Jurg Frey, 24 Worter, Edition Wandelweiser Records, CD EWR 1407 (2014?)

Actually there are 27 short pieces on this album, with two tracks being purely untitled instrumental pieces and the other 25 tracks being sung and sharing 24 titles with two tracks named “Tod (Death)” and another two, “Gluck (Happiness)”. There are just three performers on this recording: soprano vocalist Regula Konrad, violinist Andrrew Nathaniel McIntosh and pianist Dante Boon, all singing or playing very sparingly with no apparent feeling or technical flourishes. All tracks are very quiet and spare almost to the point of fading away into nothingness yet throughout the album there is a very strong impression of latent creativity and power. The piano usually plays seemingly disconnected piano notes or chords that go on forever while the violin hovers around thin, almost squeezed-out high-pitched, barely-there tones. The silence surrounding such clean if rather thin music is very still and static but you sense there are many hidden possibilities. Konrad’s singing is steady, confident and precise.

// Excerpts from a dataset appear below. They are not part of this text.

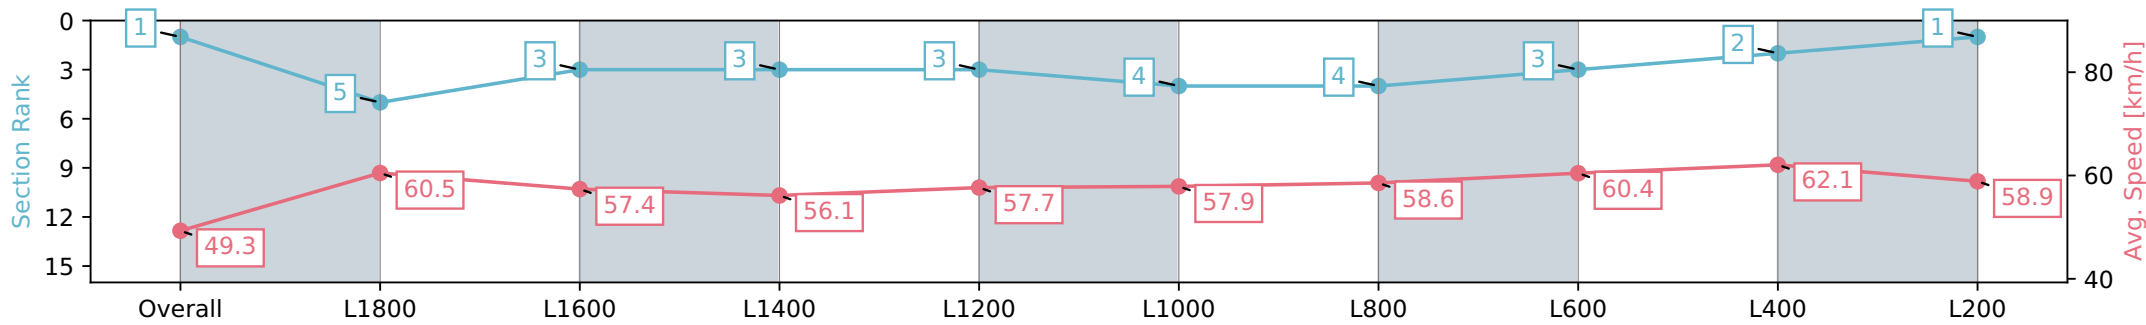

11 May 2024 - 2:11PM

Track Rating: Good 4, Weather: Fine, Rail Position: +4m Entire, Sectional 605m

Section	Overall	L1800	L1600	L1400	L1200	L1000	L800	L600	L400	L200
Section Times	2:07.13 [1] (0:16.19)	1:50.94 [5] (0:12.02)	1:38.92 [3] (0:12.54)	1:26.38 [3] (0:12.93)	1:13.45 [3] (0:12.61)	1:00.84 [4] (0:12.45)	0:48.39 [4] (0:12.40)	0:35.99 [3] (0:12.09)	0:23.90 [2] (0:11.66)	0:12.24 [1] (0:12.24)
Average Speed [km/h]	49.3	60.5	57.4	56.1	57.7	57.9	58.6	60.4	62.1	58.9
Top Speed [km/h]	63.8	63.9	58.4	57.2	58.3	58.8	59.6	61.5	62.5	61.7
Avg. Dist. to Rail [m]	9.8	2.3	1.8	2.3	2.5	2.6	2.4	2.8	3.5	3.4
Avg. Stride Freq. [Hz]	2.2	2.3	2.3	2.2	2.2	2.2	2.2	2.3	2.3	2.3
Avg. Stride Length [m]	6.0	7.2	7.1	7.1	7.2	7.2	7.1	7.1	7.3	7.1
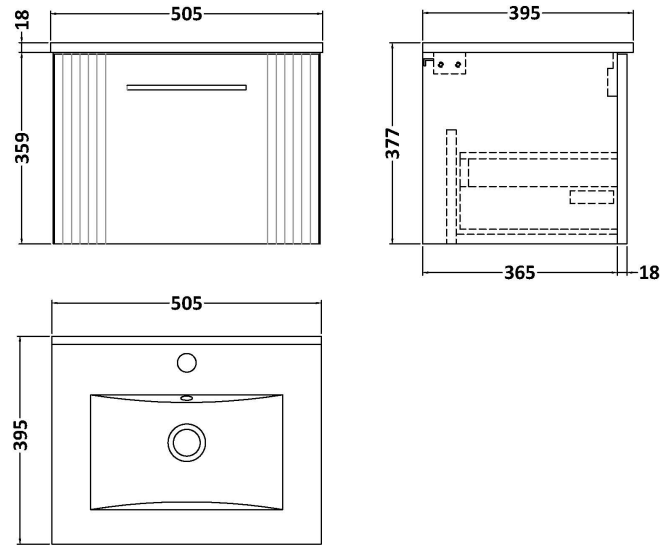

Sales Code: DPF891B

Description: 500 W/H Single Drawer Vanity & Basin 2

Packaging Details

Barcode: 5056462675046
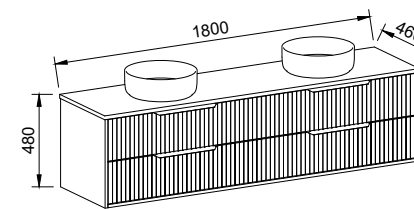

Emmett

G GOLD INCLUSIONS

EMMETT 1800mm DOUBLE BOWL

Wall Hung

CABINET WITH	SKU	RRP
20mm SilkSurface Top with White Gloss Above Counter Ceramic Basins	EMM-V-1800-D-SSA-W	\$4,682
No Top	EMM-VCO-1800-D-X-W	\$3,227
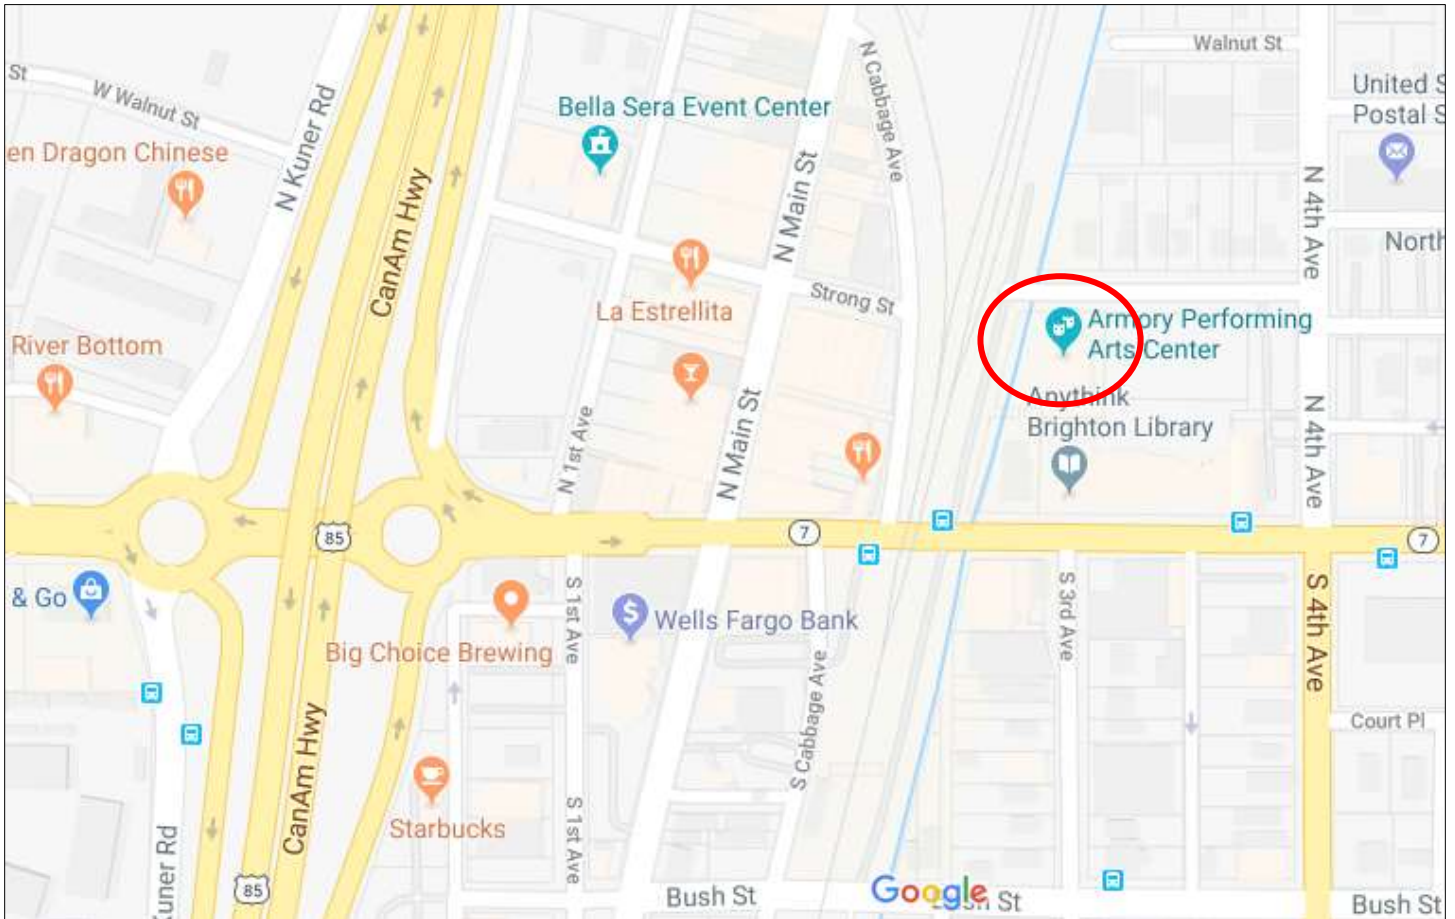

Armory Performing Arts Center

Brighton Performance Location

Address:

Armory Performing Arts Center
300 Strong St
Brighton, CO 80601

Directions:

- Take I-76 Northeast from Denver to Exit 12 (US-85 N – CanAm Hwy)
- Take US-85 North to W Bridge St. (about 7.7 miles)
- Head East on Bridge St, less than 1/2 mile to S 4th Ave
- Take S 4th North 2 blocks to Strong St
- Head West on Strong St to destination on your left
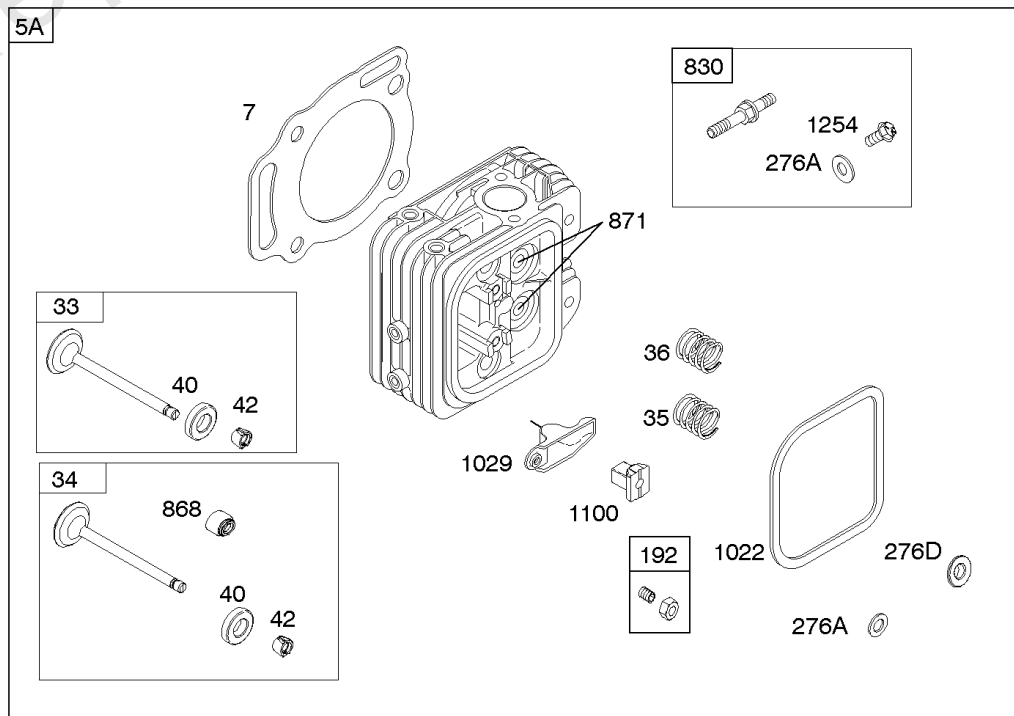

Cylinder Head, Valve Covers

Mfg. No: 305442-0300-F1

Cylinder Head, Valve Covers

REF NO	PART NO	QTY	DESCRIPTION
5	809200		HEAD, Cylinder -(Cylinder 1)
5A	809201		HEAD, Cylinder -(Cylinder 2)
7	806085S		GASKET, Cylinder Head
13	692059		SCREW -(Cylinder Head)
21	809500		CAP, Oil Fill
33	807681		VALVE, Exhaust
34	807680		VALVE, Intake
35	692084		SPRING, Valve -(Intake) (Intake)
36	692084		SPRING, Valve -(Exhaust) (Exhaust)
40	692058		RETAINER, Valve
42	807683		KEEPER, Valve
45	843379		TAPPET, Valve
192	807623		ADJUSTER, Rocker Arm
276A	807085		WASHER, Sealing -(Rocker Cover)
276D	691766		WASHER, Sealing -(Head)(Rocker Cover)
337	491055S		PLUG, Spark
337	84007216		PLUG, SPARK -(China Only)
383	19576S		WRENCH, Spark Plug
601	791850		CLAMP, Hose
635	692076		BOOT, Spark Plug
830	809157		STUD, Rocker Arm -(Rocker Arm)
868	691963		SEAL, Valve
871	692057		BUSHING, Valve Guide
914	807084		SCREW -(Rocker Cover)
918	791880		HOSE, Vacuum
1022	806039S		GASKET, Rocker Cover
1023C	842823		COVER, Rocker
1026	691758		ROD, Push -(Exhaust)(Aluminum)
1026	691836		ROD, Push -(Intake)(Steel)
1029	807323		ARM, Rocker
1100	791959		PIVOT, Rocker Arm
1254	807084		SCREW -(Rocker Arm Stud)
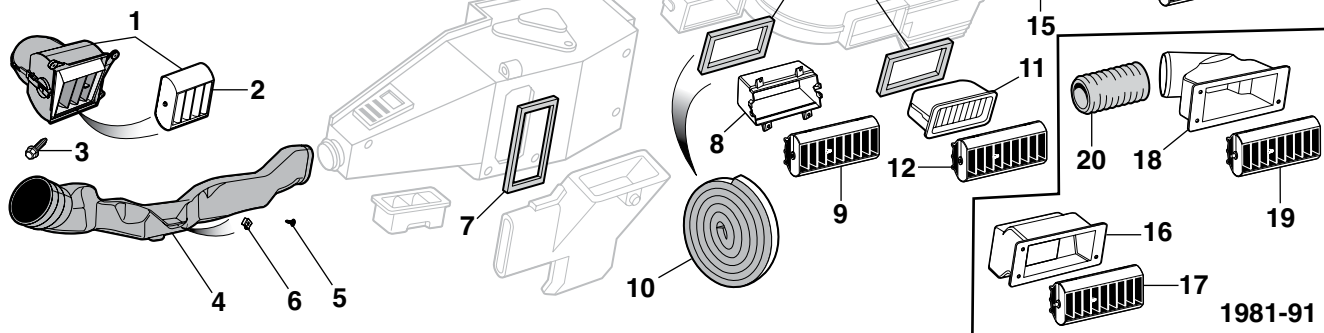

Vent Assemblies and Outlets

1973-91 Chevy Blazer, Suburban
1973-91 GMC Jimmy, Suburban

PART	ILL#	DESCRIPTION	APPLICATION	REQD	PRICE
38-5250	(1)	VENT ASSEMBLY-LH	CHEVY GMC 73-91	(1)	$26.23
38-5266	(2)	VENT OUTLET-LH	CHEVY GMC 73-91	(1)	$16.95
29-0315	(3)	SCREW-AIR DUCT OUTLET	CHEVY GMC 73-91	(6)	$1.00
38-5268	(4)	AIR DUCT OUTLET-LH "A"	CHEVY GMC 73-91	(1)	$25.95
30-0572	(5)	SCREW-AIR DUCT OUTLET	CHEVY GMC 73-91	(1)	$.88
30-0365	(6)	U-NUT-AIR DUCT OUTLET	CHEVY GMC 73-91	(1)	$1.75
30-2350	(7)	GASKET-AIR DIST DUCT	CHEVY GMC 73-91	(1)	$3.95
38-5254	(8)	ADAPTOR-CENTER-LH	CHEVY GMC 73-91	(1)	$16.23
38-5264	(9)	VENT OUTLET-CENTER-LH	CHEVY GMC 73-91	(1)	$18.30
30-2380	(10)	SEAL-VENT	CHEVY GMC 73-91	(1)	$3.95

Note: "A" Air duct outlet has a lower deflector built in.

PART	ILL#	DESCRIPTION	APPLICATION	REQD	PRICE
38-5258	(11)	VENT ASSEMBLY-CENTER-RH	CHEVY GMC 73-80	(1)	$17.45
38-5264	(12)	VENT OUTLET-CENTER-RH	CHEVY GMC 73-80	(1)	$18.30
30-2380	(10)	SEAL-ASSEMBLY-CENTER-RH	CHEVY GMC 73-80	(1)	$3.95
38-5260	(13)	VENT ASSEMBLY-RH	CHEVY GMC 73-80	(1)	$28.18
38-5264	(14)	VENT OUTLET-RH	CHEVY GMC 73-80	(1)	$18.30
32-1910	(15)	HEATER DUCT HOSE	CHEVY GMC 73-80	(1)	$20.95
38-5259	(16)	ADAPTOR-CENTER-RH	CHEVY GMC 81-91	(1)	$11.43
38-5262	(17)	VENT OUTLET-CENTER-RH	CHEVY GMC 81-91	(1)	$17.95
38-5261	(18)	ADAPTOR-RH	CHEVY GMC 81-91	(1)	$16.27
38-5262	(19)	VENT OUTLET-RH	CHEVY GMC 81-91	(1)	$17.95
32-1910	(20)	HEATER DUCT HOSE	CHEVY GMC 81-91	(1)	$20.95
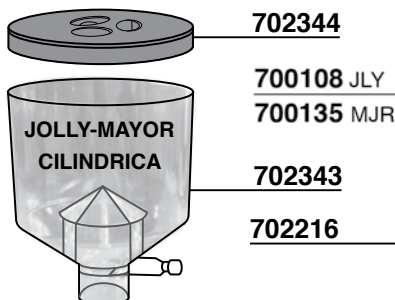

MAZZER MODEL: JOLLY - MAJOR

JLY = MODEL JOLLY MJR = MODEL MAJOR

S = MANUAL A = AUTOMATIC

276

There is not a great deal to say about the music generally as the tracks don’t vary much overall and differences among them are in the technical details of the spare music. As for the track titles though, there’s plenty to say about them: they often describe states of being such as being lost or being a dancer or dreamer, or states of emotion such as longing, feeling out of place, cheerfulness or being close to someone or something dear. The one-word titles can be quite vague and what appears to be a state of being can be just as much a state of mind and feeling, and several tracks appear to revolve around a general theme of being / feeling apart from others and those states of being and feeling that are impossible to separate from one another; for example, dreaming, being asleep or fantasising, all states in which one’s identity and sense of isolation or aloneness can be forgotten, even if temporarily, or brought down. Additionally the word in each title of each song appears twice in the song, and the reiterations of the word, their relative positions in the song, whether one is sung higher than the other or is spoken, help to stimulate and open up creative possibilities and tension.

Odd that such a minimalist recording as this really focuses the attention and directs it, far more so than works boasting many layers of texture and mood.